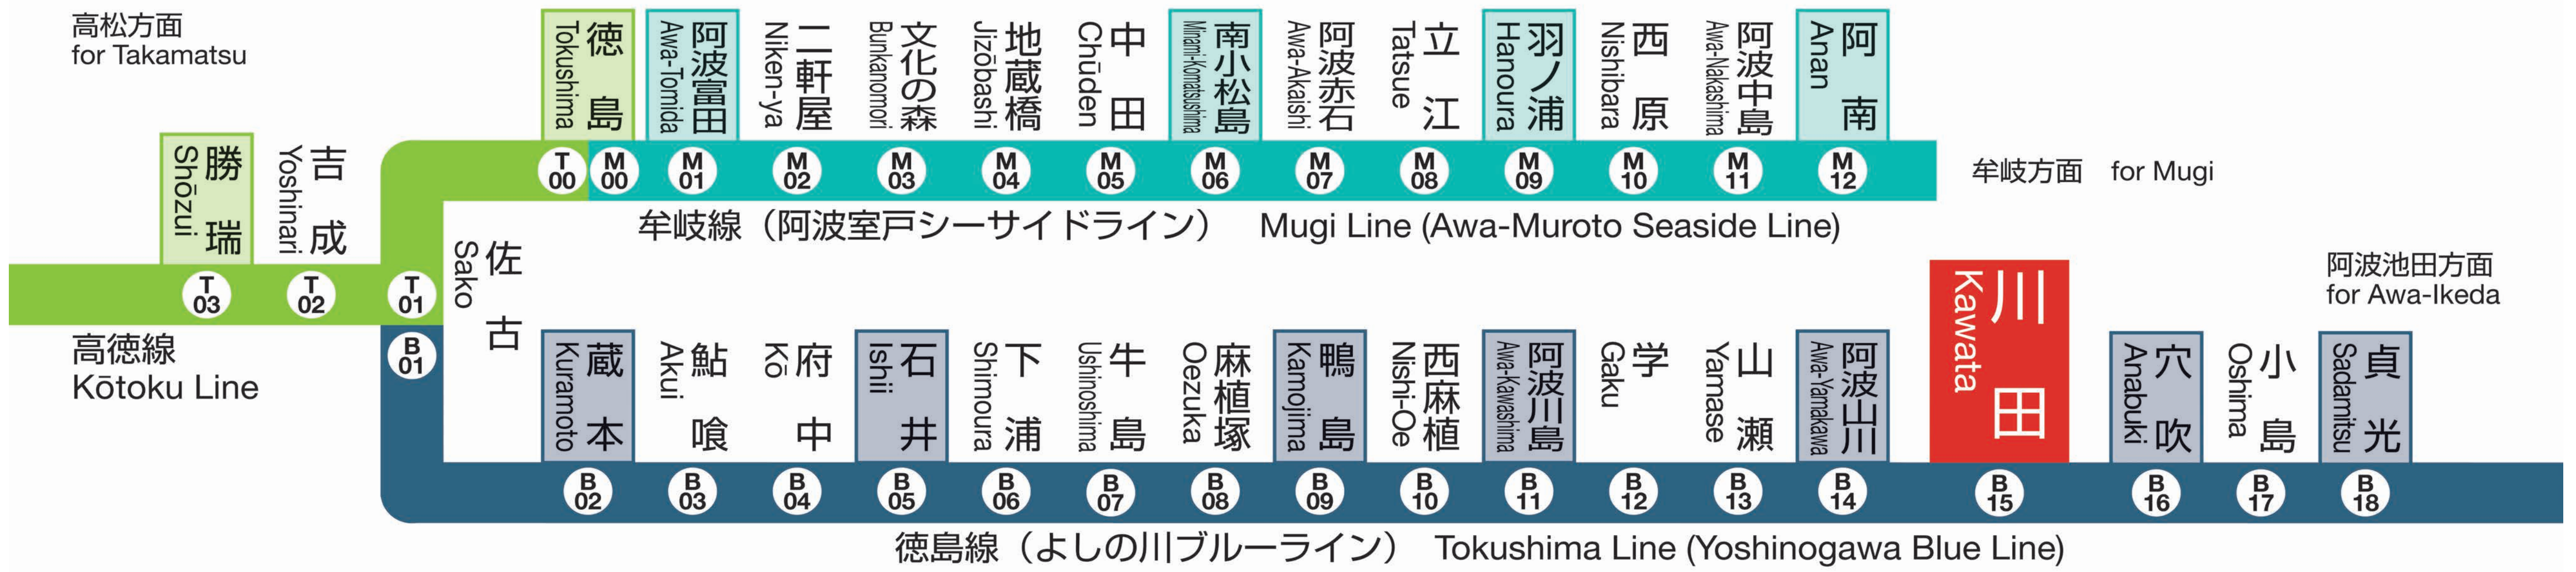

JR川田駅 B15 Kawata Station

発車時刻

Timetable

鴨島 for Kamojima			徳島 for Tokushima			方面			穴吹 for Anabuki			阿波池田 for Awa-Ikeda			方面		
4																	
5																	
6	05	徳島 Tokushima 1 のりば	34	阿南 Anan 1 のりば	48	徳島 Tokushima 1 のりば	6										
7	08	徳島 Tokushima 1 のりば	58	徳島 Tokushima 1 のりば			7	08	阿波池田 Awa-Ikeda 2 のりば		56	穴吹 Anabuki 2 のりば					
8	18	徳島 Tokushima 1 のりば	47	阿南 Anan 1 のりば			8	34	阿波池田 Awa-Ikeda 2 のりば								
9	47	徳島 Tokushima 1 のりば					9	25	穴吹 Anabuki 2 のりば								
10	38	徳島 Tokushima 1 のりば					10	56	穴吹 Anabuki 2 のりば ワンマン								
11	41	徳島 Tokushima 1 のりば ワンマン					11	57	穴吹 Anabuki 2 のりば ワンマン								
12	42	阿南 Anan 1 のりば ワンマン					12	57	阿波池田 Awa-Ikeda 2 のりば								
13	37	徳島 Tokushima 1 のりば					13	56	穴吹 Anabuki 2 のりば ワンマン								
14	38	阿南 Anan 1 のりば ワンマン					14	56	穴吹 Anabuki 2 のりば ワンマン								
15	38	徳島 Tokushima 1 のりば ワンマン					15	55	阿波池田 Awa-Ikeda 2 のりば								
16	37	阿南 Anan 1 のりば					16	55	阿波池田 Awa-Ikeda 2 のりば								
17	51	阿南 Anan 1 のりば					17	51	阿波池田 Awa-Ikeda 2 のりば								
18	39	阿南 Anan 1 のりば					18	22	穴吹 Anabuki 2 のりば		57	阿波池田 Awa-Ikeda 2 のりば					
19	13	徳島 Tokushima 1 のりば ワンマン					19	29	穴吹 Anabuki 2 のりば								
20	02	牟岐 Mugi 1 のりば					20	02	阿波池田 Awa-Ikeda 2 のりば		30	穴吹 Anabuki 2 のりば					
21	24	徳島 Tokushima 1 のりば					21	03	穴吹 Anabuki 2 のりば		50	阿波池田 Awa-Ikeda 2 のりば					
22	19	徳島 Tokushima 1 のりば					22	51	穴吹 Anabuki 2 のりば								
23							23	47	穴吹 Anabuki 2 のりば								
0							0										
1							1										

列車運行情報 Train Status Information

열차 운행 정보 列车的运行信息 列車的運行資訊

列車の遅延・運休、走行位置に関する情報をお知らせします。

<https://www.jr-shikoku.co.jp/info/select/>

※予土線・牟岐線の列車走行位置情報は検索できません。

○列車の発車時刻やきっぷに関するお問い合わせは・・・
Please phone the number below for information about departure time of trains and tickets.

_ _ _

- [GOAL OF THE EXERCISE]:
Copy every line of the records above that holds the word "Anan".

- [RESPONSE]:
6	05	徳島 Tokushima 1 のりば	34	阿南 Anan 1 のりば	48	徳島 Tokushima 1 のりば	6										
8	18	徳島 Tokushima 1 のりば	47	阿南 Anan 1 のりば			8	34	阿波池田 Awa-Ikeda 2 のりば								
12	42	阿南 Anan 1 のりば ワンマン					12	57	阿波池田 Awa-Ikeda 2 のりば								
14	38	阿南 Anan 1 のりば ワンマン					14	56	穴吹 Anabuki 2 のりば ワンマン								
16	37	阿南 Anan 1 のりば					16	55	阿波池田 Awa-Ikeda 2 のりば								
17	51	阿南 Anan 1 のりば					17	51	阿波池田 Awa-Ikeda 2 のりば								
18	39	阿南 Anan 1 のりば					18	22	穴吹 Anabuki 2 のりば		57	阿波池田 Awa-Ikeda 2 のりば					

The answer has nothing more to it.